KOKORO / THE HEART (1955)

A year before his international breakout on THE BURMESE HARP/’56, a large-scale anti-war fable, Kon Ichikawa made this far more intimate piece, too inscrutably Japan-centric for travel but superb filmmaking in its own way.  It’s 1912, and while the country is on edge as death approaches Emperor Meiji, what concerns us is a half-seen crisis between Nobuchi and his wife, the two haunted by miscommunication & tragic past events.  She’s convinced he’s seeing a mistress; he’s possibly suicidal over something he won’t discuss.  And that’s when he meets university student Hioki, the young man who jumps into the sea when he thinks Nobuchi has gone out too far.  Perhaps.  Soon, the two establish a warm relationship, sensei to pupil, Nobuchi something of a surrogate second father to Hioki whose actual father is dying on the same schedule as the Emperor.  Alongside Hioki, we witness the oddly formal relationship between Nobuchi & his wife (oddly formal even for Japanese culture; does she even have a name in the film?), subtly emphasized by Ichikawa thru the use of Britishisms (black tea with milk; knives & forks at lunch).  Returning from a trip to see his ill father (and to show off his diploma), he finds Nobuchi suddenly opening up about his past when he was living with fellow student Kaji at the home of his future wife and her widowed mother.
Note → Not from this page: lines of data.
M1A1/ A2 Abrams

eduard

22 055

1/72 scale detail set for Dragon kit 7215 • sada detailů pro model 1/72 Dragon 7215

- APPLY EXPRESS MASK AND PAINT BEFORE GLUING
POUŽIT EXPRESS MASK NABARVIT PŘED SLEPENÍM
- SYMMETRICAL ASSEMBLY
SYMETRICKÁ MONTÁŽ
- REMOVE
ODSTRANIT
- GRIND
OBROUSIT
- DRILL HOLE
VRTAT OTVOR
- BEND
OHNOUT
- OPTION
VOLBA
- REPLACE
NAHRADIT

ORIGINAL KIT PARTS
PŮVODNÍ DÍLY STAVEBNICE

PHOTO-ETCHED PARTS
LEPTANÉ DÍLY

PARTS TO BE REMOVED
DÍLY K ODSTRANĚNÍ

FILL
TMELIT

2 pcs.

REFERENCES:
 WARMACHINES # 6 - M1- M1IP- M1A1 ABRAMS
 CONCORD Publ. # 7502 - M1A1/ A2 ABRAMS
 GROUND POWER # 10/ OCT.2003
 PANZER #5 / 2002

Something of rivalry came between them, a certain amount of flirtation that led to Nobuchi suddenly proposing marriage and prompting a falling out between the men and four deaths before we reach the end.  Ichikawa, rigorous and riveting, gives just enough motivation to show how this happens.  Pulling back the curtains without losing the mystery.
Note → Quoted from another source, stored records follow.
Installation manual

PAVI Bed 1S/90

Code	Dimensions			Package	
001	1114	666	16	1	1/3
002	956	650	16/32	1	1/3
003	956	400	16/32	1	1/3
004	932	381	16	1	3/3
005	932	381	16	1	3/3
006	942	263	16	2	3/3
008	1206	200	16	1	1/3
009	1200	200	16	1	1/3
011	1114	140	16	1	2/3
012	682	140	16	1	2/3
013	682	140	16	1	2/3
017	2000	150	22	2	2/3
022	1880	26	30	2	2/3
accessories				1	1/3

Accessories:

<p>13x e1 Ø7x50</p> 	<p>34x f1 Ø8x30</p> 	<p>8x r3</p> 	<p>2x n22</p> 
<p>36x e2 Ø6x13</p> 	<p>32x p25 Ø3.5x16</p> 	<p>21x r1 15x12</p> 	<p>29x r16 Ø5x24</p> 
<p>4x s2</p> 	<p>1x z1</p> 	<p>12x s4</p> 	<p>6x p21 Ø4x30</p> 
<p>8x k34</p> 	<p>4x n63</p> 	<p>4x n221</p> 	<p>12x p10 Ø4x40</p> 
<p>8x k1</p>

DOUBLE-BILL/LINK:  As mentioned, THE BURMESE HARP which you’d never expect came from the same filmmaker.  A range typical of Ichikawa.   https://maksquibs.blogspot.com/2011/07/biruma-no-tategoto-burmese-harp-1956.html

ATTENTION MUST BE PAID: In addition to an immaculate filming technique, Ichikawa shows himself a master of the Japanese custom for using boxy rooms & sliding screen doors in homes as alternate framing & editing devices.  Hollywood directors, working in Japan, occasionally figure out such framing strategies, but never seem to catch on to their functionality as quasi edits.